• Work instructions
When you return the data, keep every line exactly as it is and leave out the pictures.

Data for processing below:

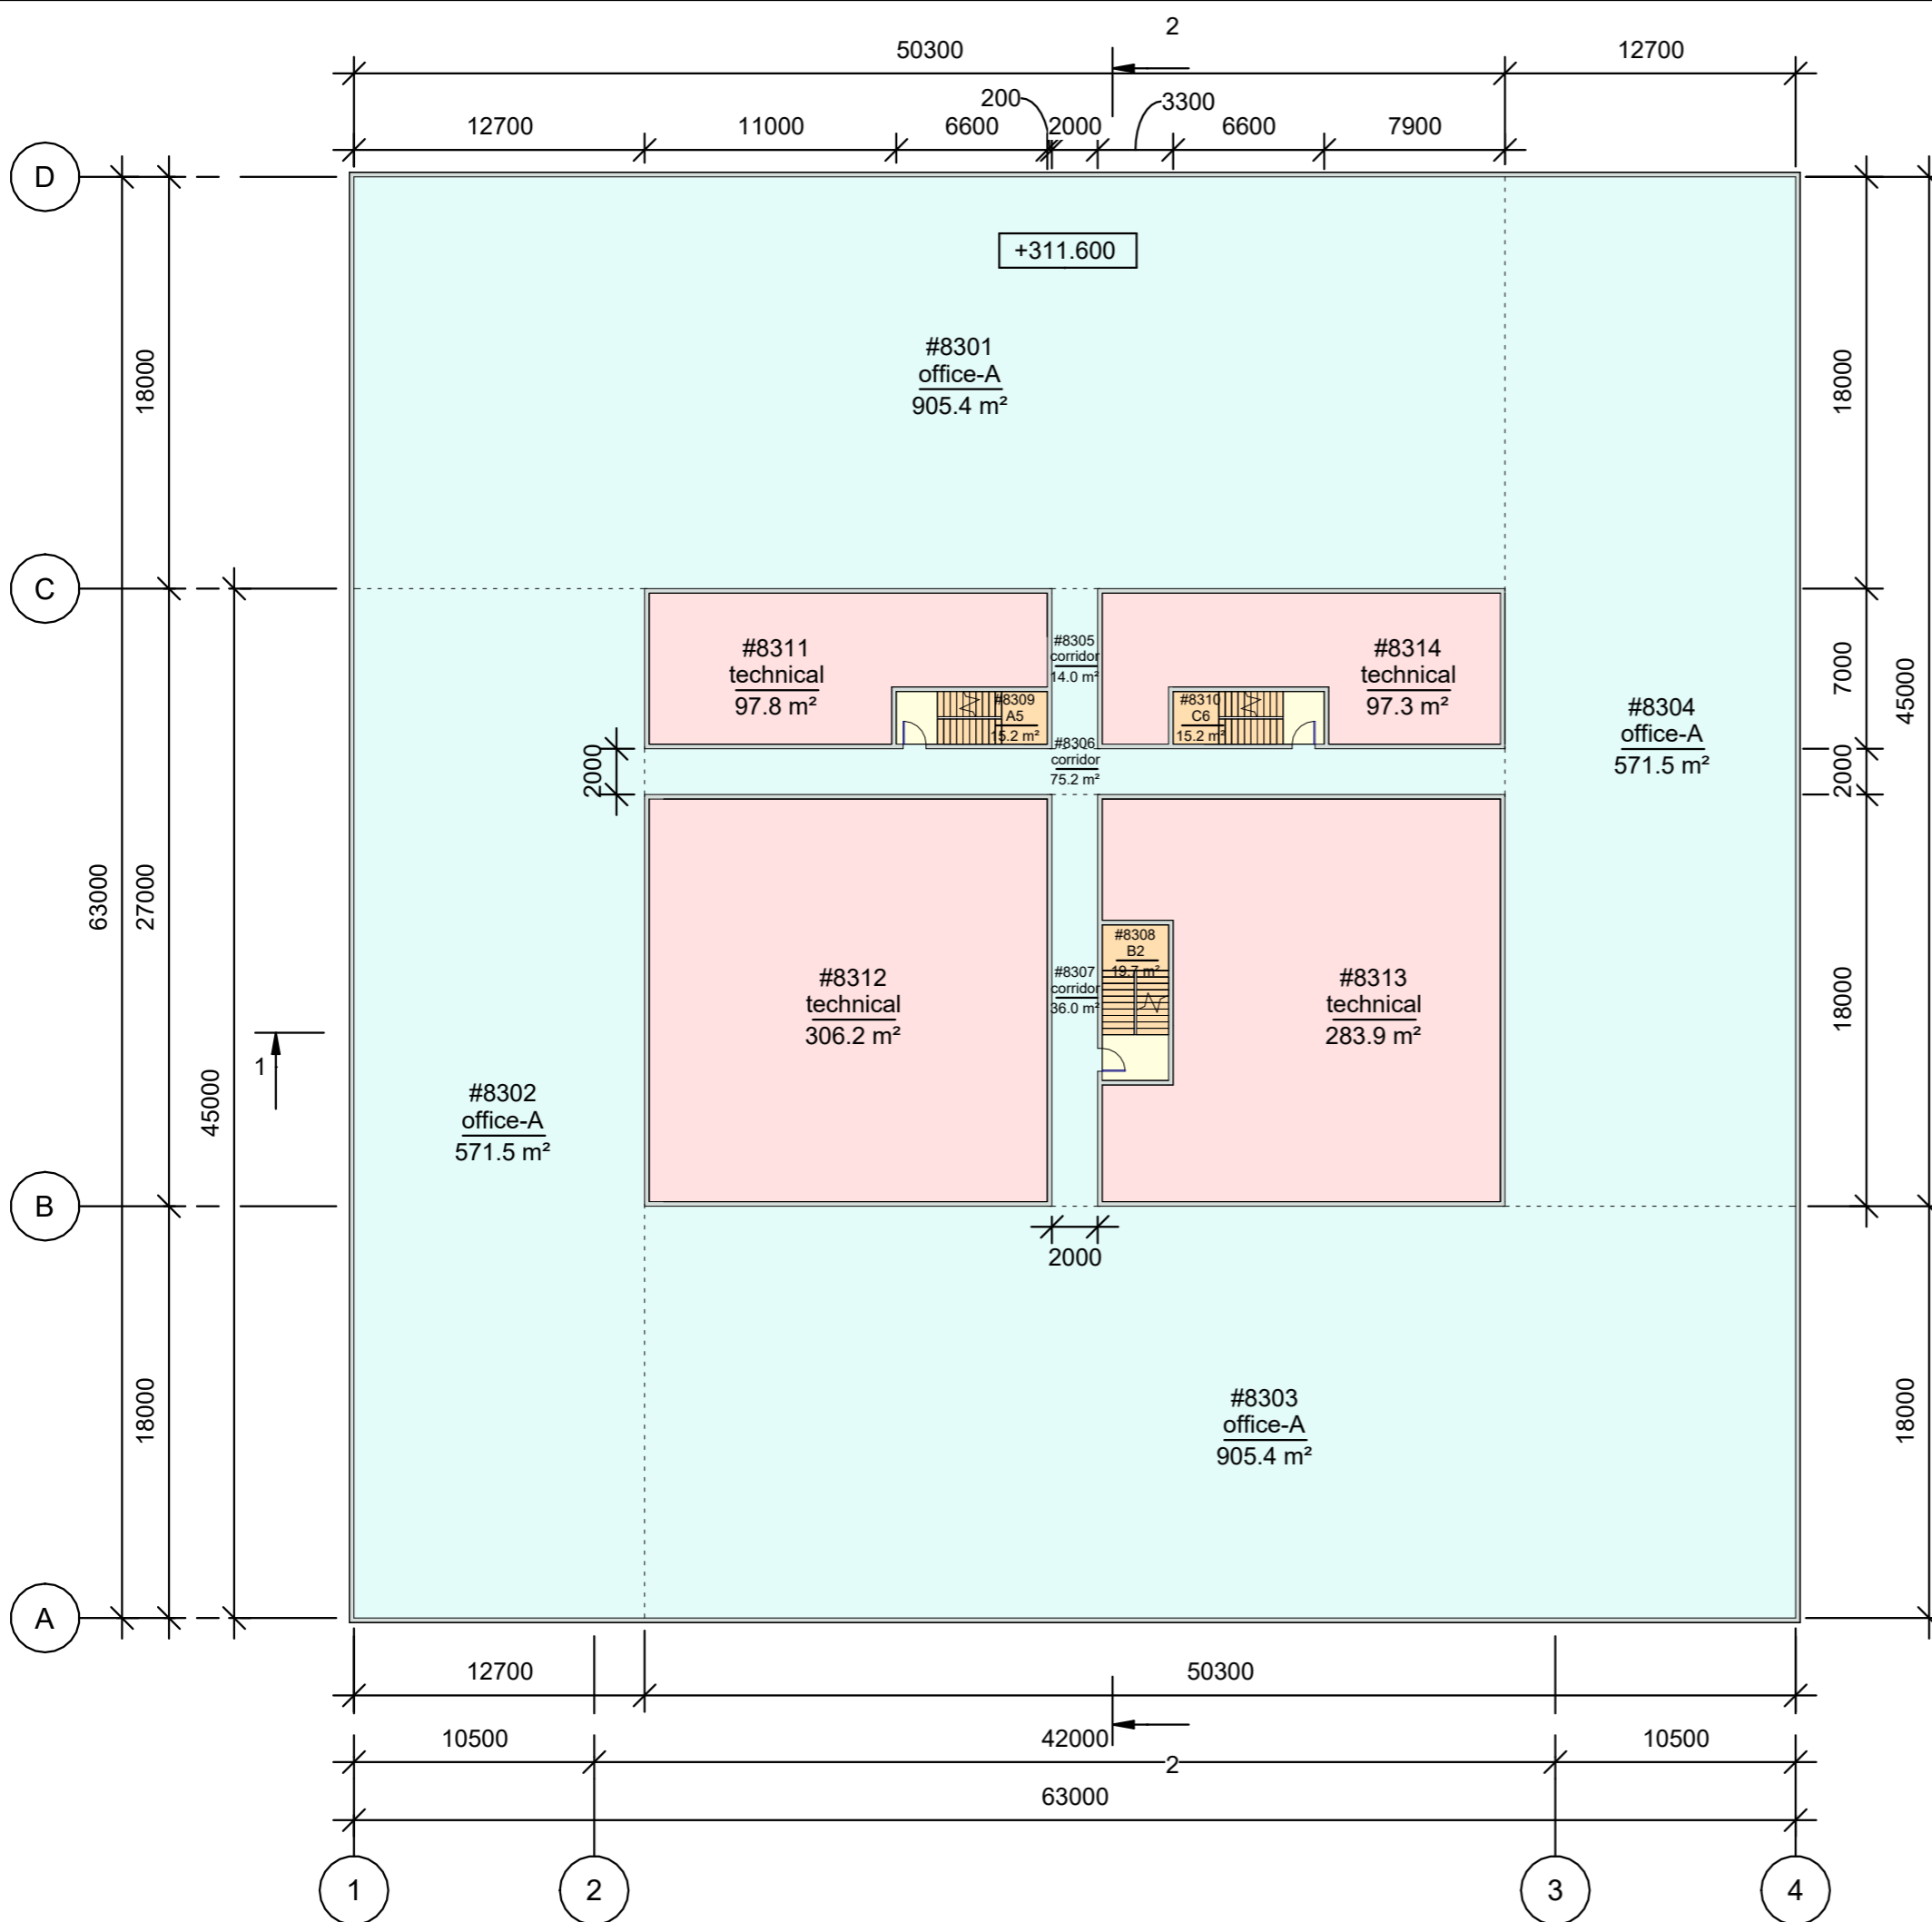

Room schedule_level 83		
Number	Name	Comments
#8301	office-A	
#8302	office-A	
#8303	office-A	
#8304	office-A	
#8305	corridor	
#8306	corridor	
#8307	corridor	
#8308	B2	
#8309	A5	
#8310	C6	
#8311	technical	
#8312	technical	
#8313	technical	
#8314	technical
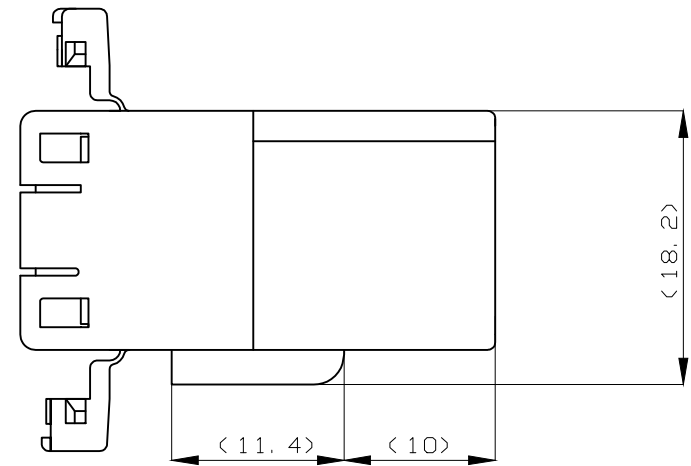

REVISIONS					
P	LTR	DESCRIPTION		DATE	APVD
	C2	OBSOLETED -2	ECR-20-007046	12NOV2020	PSJ TM

- 1

-A- 面より2mmの範囲で測定。
- 2

相手ハウジングと所定の機能を満足して嵌合できること。
3. 内装するタブコンタクト型番：173633, 173645
4. 嵌合相手ハウジング型番：174952
- 1

MUST BE KEPT BETWEEN -A- AND 2.
- 2

TO BE MATED WITH THE PLUG HOUSING SMOOTHLY.
3. APPLIED TAB CONTACT PART NUMBER: 173633, 173645.
4. APPLIED PLUG HOUSING PART NUMBER: 174952, etc.

OBSOLETE	V-2	WHITE 白	1-174936-1
	HB	YELLOW 黄	174936-7
	HB	GRAY 灰	174936-6
OBSOLETE	HB	BLUE 青	174936-5
	HB	BLACK 黒	174936-2
	HB	WHITE 白	174936-1
FLAMMABILITY OF MATERIAL 使用材料難燃グレード		COLOR 色	PART NUMBER 型番

TOLERANCE UNLESS OTHERWISE SPECIFIED: 一般公差	
0<×≤ 10	: ±0.2
10<×≤ 30	: ±0.25
30<×≤ 100	: ±0.3
ANGLE ; 角度	: ±3°

THIS DRAWING IS A CONTROLLED DOCUMENT.		DWN A.NAGAMINE	10/17'90	<div>STE</div> TE Connectivity		
		CHK M.OHSHIMA	10/18'90			
		APVD M.NOGUCHI	10/18'90	NAME 070 SERIES MULTI-LOCK CONNECTOR 20POSITION CAP HOUSING (W-W)		
		PRODUCT SPEC 108-5264				
		APPLICATION SPEC —		SIZE	CAGE CODE	DRAWING NO
		WEIGHT 0.000000		A3	00779	C-174936
		CUSTOMER DRAWING		SCALE 2:1	SHEET 1 OF 1	REV C2
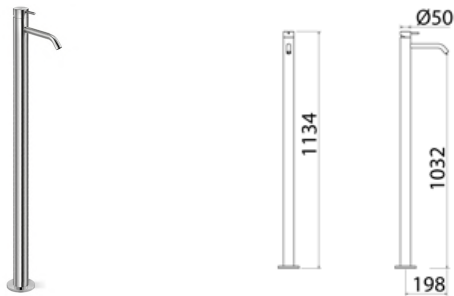

ONE060 Freestanding mixer for basin

ONE060S	Satin	€ 993,40
ONE060L	Polish	€ 1.112,73
ONE060BKBS	Satin black	€ 1.589,49
ONE060PGS	Satin rose gold	€ 1.589,49
ONE060LGS	Light gold satin	€ 1.589,49
ONE060GDS	Satin gold	€ 1.589,49
ONE060BKBL	Black polish	€ 1.738,55
ONE060PGL	Polish rose gold	€ 1.738,55
ONE060LGL	Light gold polish	€ 1.738,55
ONE060GDL	Polish gold	€ 1.738,55
BOX005	Built-in part	€ 448,92

* Obligatory Built-In Part
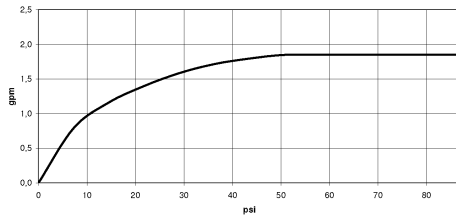

Hand shower set with integrated shower holder FlowReduce - Platinum

TARA

27 802 660

Fits: TARA, VAIA, META

- COMPACT RAIN, max. flow rate 6.8 l/min (at 3 bar)
- with anti-scale system
- 3/8" shower outlet
- metal shower hose 1250mm with integrated anti-twist protection
- rosette Ø 60 mm
- 1/2" connection
- This product reduces water consumption by % (compared to requirements of EPAAct '92)
- This product can contribute to Water Use Reduction in LEED® Green Building Rating
- This product can help a building meet the requirements of Green Building Rating Systems, e.g. LEED®, BREEAM®, DGNB

Recommended miscellaneous

Concealed adapter -

35 080 970-90
0010

Recommended miscellaneous

Concealed adapter -

35 080 970-90
0010

27 802 660

mm [inches]

Flow rate chart

Codes & Standards

ASME
A112.18.1/CSA
B125.1

California Energy
Commission
(CEC)

Hand shower set with integrated shower holder FlowReduce - Platinum

TARA

27 802 660

Certificates
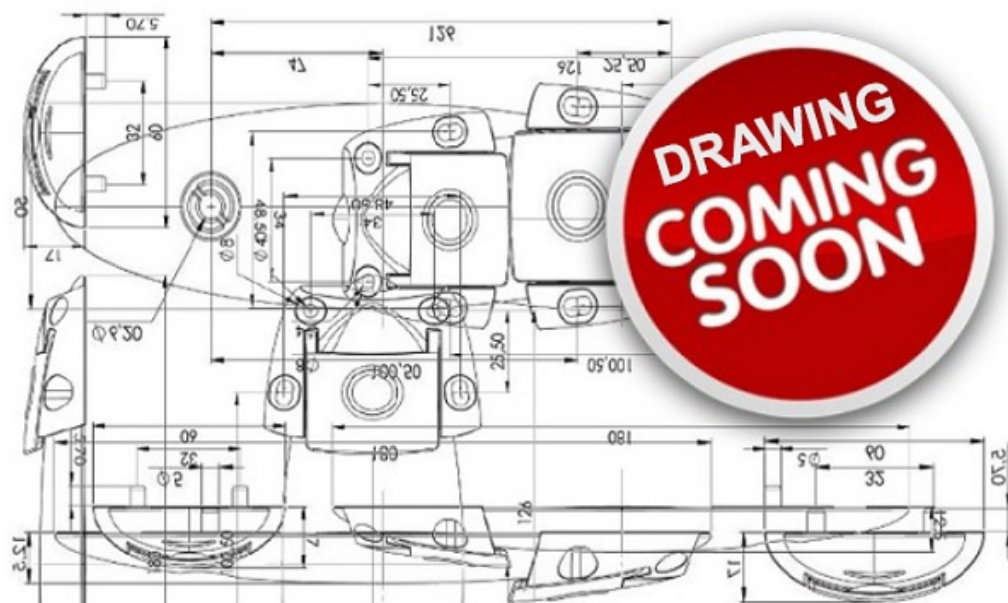

PRODUCT SHEET

Description:

Extension Cable(New) W/Extra Junction F/Extra Lock-1,5 Mtr

Item number:

14.60.297-0

Units	Box	Carton	HS Code	Barcode
Pcs.	1	35	8301600090	 5704866455435

SISO A/S

Mileparken 11
DK-2740 Skovlunde
Denmark
VAT: DK 24786013
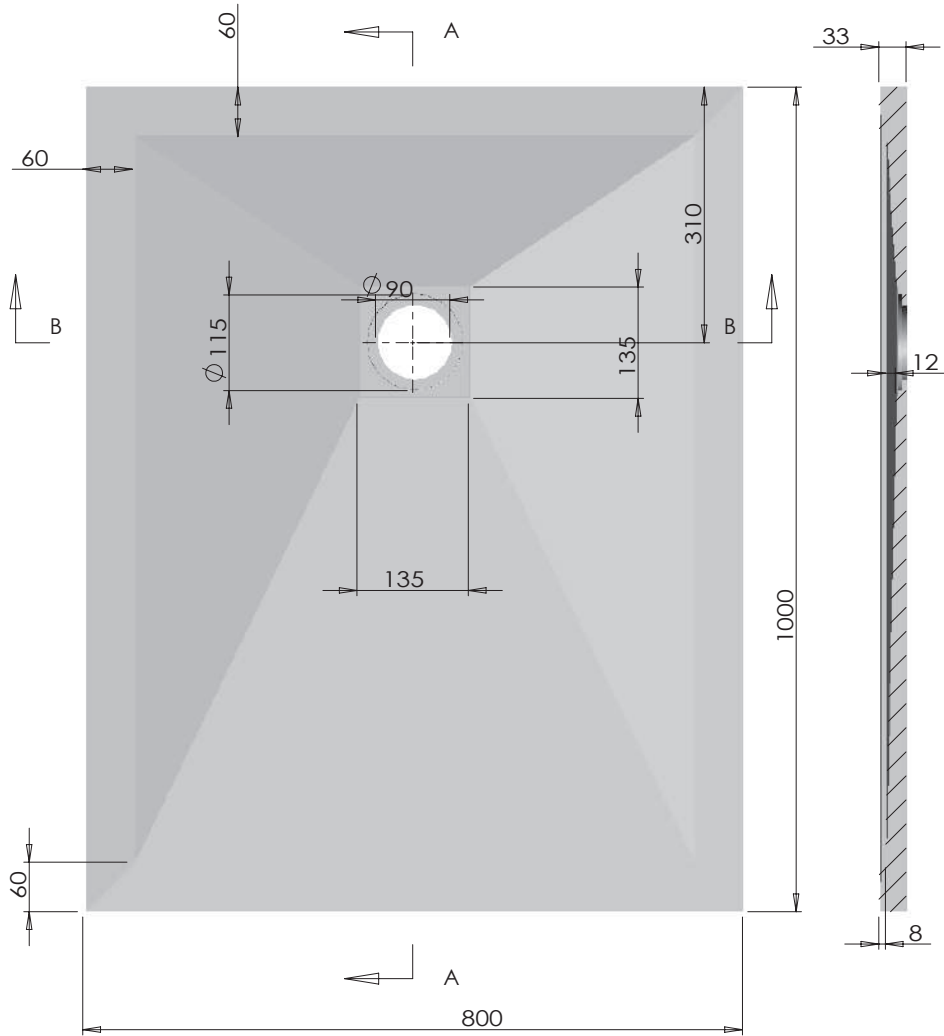

Waste trap cover in stainless steel for marble-resin shower trays.

dettagli_details

Dettaglio del fondo liscio sottostante del piatto doccia in marmo resina H 3,3 cm.

Detail of the smooth underside of the marble-resin shower trays H 3,3 cm

SIZE: 720x900x33

Logo:

TAMANACO srl

SIZE:	1000x700x33
Logo:	TAMANACO srl

SIZE:	1000x800x33
Logo:	TAMANACO srl

SIZE: 1200x700x33

Logo:

TAMANACO srl

SIZE: 1200x800x33

Logo:

TAMANACO srl

SIZE: 1400x700x33

Logo:

TAMANACO srl

SIZE:	1400x800x33
Logo:	TAMANACO srl

SIZE:	1600x700x33
Logo:	TAMANACO srl

SIZE:	1600x800x33
Logo:	TAMANACO srl

SIZE: 1700x700x33

Logo:

TAMANACO srl

SIZE: 1700x800x33

Logo:

TAMANACO srl

SIZE:	1800x700x33
Logo:	TAMANACO srl

End of Data for processing.

• Task answer
Room schedule_level 83		
Number	Name	Comments
#8301	office-A	
#8302	office-A	
#8303	office-A	
#8304	office-A	
#8305	corridor	
#8306	corridor	
#8307	corridor	
#8308	B2	
#8309	A5	
#8310	C6	
#8311	technical	
#8312	technical	
#8313	technical	
#8314	technical

REVISIONS					
P	LTR	DESCRIPTION		DATE	APVD
	C2	OBSOLETED -2	ECR-20-007046	12NOV2020	PSJ TM

- 1

-A- 面より2mmの範囲で測定。
- 2

相手ハウジングと所定の機能を満足して嵌合できること。
3. 内装するタブコンタクト型番：173633, 173645
4. 嵌合相手ハウジング型番：174952
- 1

MUST BE KEPT BETWEEN -A- AND 2.
- 2

TO BE MATED WITH THE PLUG HOUSING SMOOTHLY.
3. APPLIED TAB CONTACT PART NUMBER: 173633, 173645.
4. APPLIED PLUG HOUSING PART NUMBER: 174952, etc.

OBSOLETE	V-2	WHITE 白	1-174936-1
	HB	YELLOW 黄	174936-7
	HB	GRAY 灰	174936-6
OBSOLETE	HB	BLUE 青	174936-5
	HB	BLACK 黒	174936-2
	HB	WHITE 白	174936-1
FLAMMABILITY OF MATERIAL 使用材料難燃グレード		COLOR 色	PART NUMBER 型番

TOLERANCE UNLESS OTHERWISE SPECIFIED: 一般公差	
0<×≤ 10	: ±0.2
10<×≤ 30	: ±0.25
30<×≤ 100	: ±0.3
ANGLE ; 角度	: ±3°

THIS DRAWING IS A CONTROLLED DOCUMENT.		DWN A.NAGAMINE	10/17'90	<div>STE</div> TE Connectivity		
		CHK M.OHSHIMA	10/18'90			
		APVD M.NOGUCHI	10/18'90	NAME 070 SERIES MULTI-LOCK CONNECTOR 20POSITION CAP HOUSING (W-W)		
		PRODUCT SPEC 108-5264				
		APPLICATION SPEC —		SIZE	CAGE CODE	DRAWING NO
		WEIGHT 0.000000		A3	00779	C-174936
		CUSTOMER DRAWING		SCALE 2:1	SHEET 1 OF 1	REV C2

ONE060 Freestanding mixer for basin

ONE060S	Satin	€ 993,40
ONE060L	Polish	€ 1.112,73
ONE060BKBS	Satin black	€ 1.589,49
ONE060PGS	Satin rose gold	€ 1.589,49
ONE060LGS	Light gold satin	€ 1.589,49
ONE060GDS	Satin gold	€ 1.589,49
ONE060BKBL	Black polish	€ 1.738,55
ONE060PGL	Polish rose gold	€ 1.738,55
ONE060LGL	Light gold polish	€ 1.738,55
ONE060GDL	Polish gold	€ 1.738,55
BOX005	Built-in part	€ 448,92

* Obligatory Built-In Part

Hand shower set with integrated shower holder FlowReduce - Platinum

TARA

27 802 660

Fits: TARA, VAIA, META

- COMPACT RAIN, max. flow rate 6.8 l/min (at 3 bar)
- with anti-scale system
- 3/8" shower outlet
- metal shower hose 1250mm with integrated anti-twist protection
- rosette Ø 60 mm
- 1/2" connection
- This product reduces water consumption by % (compared to requirements of EPAAct '92)
- This product can contribute to Water Use Reduction in LEED® Green Building Rating
- This product can help a building meet the requirements of Green Building Rating Systems, e.g. LEED®, BREEAM®, DGNB

Recommended miscellaneous

Concealed adapter -

35 080 970-90
0010

Recommended miscellaneous

Concealed adapter -

35 080 970-90
0010

27 802 660

mm [inches]

Flow rate chart

Codes & Standards

ASME
A112.18.1/CSA
B125.1

California Energy
Commission
(CEC)

Hand shower set with integrated shower holder FlowReduce - Platinum

TARA

27 802 660

Certificates

PRODUCT SHEET

Description:

Extension Cable(New) W/Extra Junction F/Extra Lock-1,5 Mtr

Item number:

14.60.297-0

Units	Box	Carton	HS Code	Barcode
Pcs.	1	35	8301600090	 5704866455435

SISO A/S

Mileparken 11
DK-2740 Skovlunde
Denmark
VAT: DK 24786013

Waste trap cover in stainless steel for marble-resin shower trays.

dettagli_details

Dettaglio del fondo liscio sottostante del piatto doccia in marmo resina H 3,3 cm.

Detail of the smooth underside of the marble-resin shower trays H 3,3 cm

SIZE: 720x900x33

Logo:

TAMANACO srl

SIZE:	1000x700x33
Logo:	TAMANACO srl

SIZE:	1000x800x33
Logo:	TAMANACO srl

SIZE: 1200x700x33

Logo:

TAMANACO srl

SIZE: 1200x800x33

Logo:

TAMANACO srl

SIZE: 1400x700x33

Logo:

TAMANACO srl

SIZE:	1400x800x33
Logo:	TAMANACO srl

SIZE:	1600x700x33
Logo:	TAMANACO srl

SIZE:	1600x800x33
Logo:	TAMANACO srl

SIZE: 1700x700x33

Logo:

TAMANACO srl

SIZE: 1700x800x33

Logo:

TAMANACO srl

SIZE:	1800x700x33
Logo:	TAMANACO srl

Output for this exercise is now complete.